■ Information provided ■
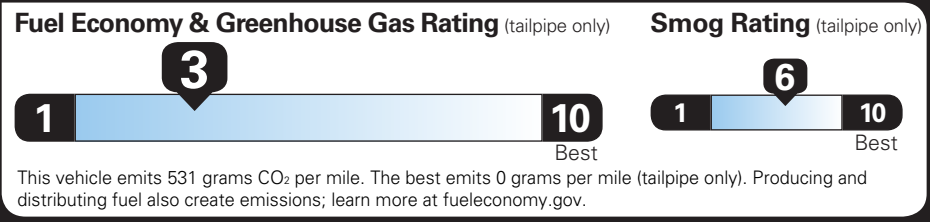

PERFORMANCE & MECHANICAL

- AUTOTRAC TRANSFER CASE
- STABILITRAK W/ TRAILER SWAY CONTROL & HILL START ASSIST
- ALL-SEASON TIRES
- BRAKE PAD WEAR INDICATOR

CONNECTIVITY & TECHNOLOGY

- CHEVROLET INFOTAINMENT 3 7" DIAG COLOR TOUCHSCREEN
- ADDITIONAL FEATURES FOR COMPATIBLE PHONES INCLUDE: BLUETOOTH AUDIO STREAMING VOICE COMMAND PASSTHROUGH TO PHONE, WIRELESS ANDROID AUTO & APPLE CARPLAY CAPABLE

8 YEARS ONSTAR BASICS

- SEE ONSTAR.COM FOR TERMS
- DRIVER INFORMATION CENTER
- REMOTE KEYLESS ENTRY
- PUSH BUTTON START

INTERIOR

- AIR CONDITIONING
- FRONT 40/20/40 BENCH SEATS W/ ARMREST & UNDERSEAT STORAGE

EXTERIOR

- CORNERSTEP REAR BUMPER
- LOCKING TAILGATE
- FRONT RECOVERY HOOKS

MANUFACTURER'S SUGGESTED RETAIL PRICE

STANDARD VEHICLE PRICE $41,700.00

OPTIONS & PRICING

OPTIONS INSTALLED BY THE MANUFACTURER (MAY REPLACE STANDARD EQUIPMENT SHOWN)

ENGINE: 5.3L ECOTEC3 V8 1,595.00

WITH DYNAMIC FUEL MANAGEMENT

GVWR: 6,900 LBS. (3,130 KG) INC.
REAR AXLE: 3.23 RATIO INC.
17" PAINTED STEEL WHEELS INC.

TOTAL OPTIONS $1,595.00

TOTAL VEHICLE & OPTIONS $43,295.00

DESTINATION CHARGE 2,795.00

TOTAL VEHICLE PRICE* $46,090.00

EPA DOT Fuel Economy and Environment

Gasoline Vehicle

SILVERADO 4WD

Fuel Economy

17 MPG combined city/hwy

15 MPG city

19 MPG highway

5.9 gallons per 100 miles

You spend **$6,000** more in fuel costs over 5 years compared to the average new vehicle.

Annual fuel cost **$2,900**

Actual results will vary for many reasons, including driving conditions and how you drive and maintain your vehicle. The average new vehicle gets 29 MPG and costs $8,500 to fuel over 5 years. Cost estimates are based on 15,000 miles per year at $3.30 per gallon. MPGe is miles per gasoline gallon equivalent. Vehicle emissions are a significant cause of climate change and smog.

fuelconomy.gov
Calculate personalized estimates and compare vehicles

GOVERNMENT 5-STAR SAFETY RATINGS

Overall Vehicle Score ★★★★★
Based on the combined ratings of frontal, side and rollover. Should ONLY be compared to other vehicles of similar size and weight.

Frontal Crash ★★★★★
Based on the risk of injury in a frontal impact. Should ONLY be compared to other vehicles of similar size and weight.

Side Crash ★★★★★
Based on the risk of injury in a side impact.

Rollover ★★★★★
Based on the risk of rollover in a single-vehicle crash.

Star ratings range from 1 to 5 stars (★★★★★) with 5 being the highest.
Source: National Highway Traffic Safety Administration (NHTSA)
www.safercar.gov or 1-888-327-4236

PARTS CONTENT INFORMATION

FOR VEHICLES IN THIS CARLINE:
U.S./CANADIAN PARTS CONTENT: 38%
MAJOR SOURCES OF FOREIGN PARTS CONTENT: MEXICO 36%

NOTE: PARTS CONTENT DOES NOT INCLUDE FINAL ASSEMBLY, DISTRIBUTION, OR OTHER NON-PARTS COSTS.

FOR THIS VEHICLE:
FINAL ASSEMBLY POINT: SILAO, GJ MEXICO
COUNTRY OF ORIGIN: ENGINE: UNITED STATES TRANSMISSION: UNITED STATES

This label has been applied pursuant to Federal law - Do not remove prior to delivery to the ultimate purchaser. *Includes Manufacturer's Recommended Pre-Delivery Service. Does not include dealer installed options and accessories not listed above, local taxes or license fees.

© 2009 General Motors LLC
GMLBL_PROD_0044 - 11/01/2025

ORDER NO FXZZKT SALES CODE R
SALES MODEL CODE CK10903
DEALER NO 36475
FINAL ASSEMBLY:
SILAO, GJ MEXICO

VIN 3GCNKAED3TG394336 REISSUE

DEALER TO WHOM DELIVERED
MURDOCK CHEVROLET, INC.
2375 S 625 W
WOODS CROSS, UT 84010-8182

Better drives start with OnStar®
Activate today

Learn more at onstar.com, or scan the QR code

onstar.com/privacy

■ Your objective ■
Omit every picture, then repeat the remaining data exactly as it appears above.

■ Task output ■
PERFORMANCE & MECHANICAL

- AUTOTRAC TRANSFER CASE
- STABILITRAK W/ TRAILER SWAY CONTROL & HILL START ASSIST
- ALL-SEASON TIRES
- BRAKE PAD WEAR INDICATOR

CONNECTIVITY & TECHNOLOGY

- CHEVROLET INFOTAINMENT 3 7" DIAG COLOR TOUCHSCREEN
- ADDITIONAL FEATURES FOR COMPATIBLE PHONES INCLUDE: BLUETOOTH AUDIO STREAMING VOICE COMMAND PASSTHROUGH TO PHONE, WIRELESS ANDROID AUTO & APPLE CARPLAY CAPABLE

8 YEARS ONSTAR BASICS

- SEE ONSTAR.COM FOR TERMS
- DRIVER INFORMATION CENTER
- REMOTE KEYLESS ENTRY
- PUSH BUTTON START

INTERIOR

- AIR CONDITIONING
- FRONT 40/20/40 BENCH SEATS W/ ARMREST & UNDERSEAT STORAGE

EXTERIOR

- CORNERSTEP REAR BUMPER
- LOCKING TAILGATE
- FRONT RECOVERY HOOKS

MANUFACTURER'S SUGGESTED RETAIL PRICE

STANDARD VEHICLE PRICE $41,700.00

OPTIONS & PRICING

OPTIONS INSTALLED BY THE MANUFACTURER (MAY REPLACE STANDARD EQUIPMENT SHOWN)

ENGINE: 5.3L ECOTEC3 V8 1,595.00

WITH DYNAMIC FUEL MANAGEMENT

GVWR: 6,900 LBS. (3,130 KG) INC.
REAR AXLE: 3.23 RATIO INC.
17" PAINTED STEEL WHEELS INC.

TOTAL OPTIONS $1,595.00

TOTAL VEHICLE & OPTIONS $43,295.00

DESTINATION CHARGE 2,795.00

TOTAL VEHICLE PRICE* $46,090.00

EPA DOT Fuel Economy and Environment

Gasoline Vehicle

SILVERADO 4WD

Fuel Economy

17 MPG combined city/hwy

15 MPG city

19 MPG highway

5.9 gallons per 100 miles

You spend **$6,000** more in fuel costs over 5 years compared to the average new vehicle.

Annual fuel cost **$2,900**

Actual results will vary for many reasons, including driving conditions and how you drive and maintain your vehicle. The average new vehicle gets 29 MPG and costs $8,500 to fuel over 5 years. Cost estimates are based on 15,000 miles per year at $3.30 per gallon. MPGe is miles per gasoline gallon equivalent. Vehicle emissions are a significant cause of climate change and smog.

fuelconomy.gov
Calculate personalized estimates and compare vehicles

GOVERNMENT 5-STAR SAFETY RATINGS

Overall Vehicle Score ★★★★★
Based on the combined ratings of frontal, side and rollover. Should ONLY be compared to other vehicles of similar size and weight.

Frontal Crash ★★★★★
Based on the risk of injury in a frontal impact. Should ONLY be compared to other vehicles of similar size and weight.

Side Crash ★★★★★
Based on the risk of injury in a side impact.

Rollover ★★★★★
Based on the risk of rollover in a single-vehicle crash.

Star ratings range from 1 to 5 stars (★★★★★) with 5 being the highest.
Source: National Highway Traffic Safety Administration (NHTSA)
www.safercar.gov or 1-888-327-4236

PARTS CONTENT INFORMATION

FOR VEHICLES IN THIS CARLINE:
U.S./CANADIAN PARTS CONTENT: 38%
MAJOR SOURCES OF FOREIGN PARTS CONTENT: MEXICO 36%

NOTE: PARTS CONTENT DOES NOT INCLUDE FINAL ASSEMBLY, DISTRIBUTION, OR OTHER NON-PARTS COSTS.

FOR THIS VEHICLE:
FINAL ASSEMBLY POINT: SILAO, GJ MEXICO
COUNTRY OF ORIGIN: ENGINE: UNITED STATES TRANSMISSION: UNITED STATES

This label has been applied pursuant to Federal law - Do not remove prior to delivery to the ultimate purchaser. *Includes Manufacturer's Recommended Pre-Delivery Service. Does not include dealer installed options and accessories not listed above, local taxes or license fees.

© 2009 General Motors LLC
GMLBL_PROD_0044 - 11/01/2025

ORDER NO FXZZKT SALES CODE R
SALES MODEL CODE CK10903
DEALER NO 36475
FINAL ASSEMBLY:
SILAO, GJ MEXICO

VIN 3GCNKAED3TG394336 REISSUE

DEALER TO WHOM DELIVERED
MURDOCK CHEVROLET, INC.
2375 S 625 W
WOODS CROSS, UT 84010-8182

Better drives start with OnStar®
Activate today

Learn more at onstar.com, or scan the QR code

onstar.com/privacy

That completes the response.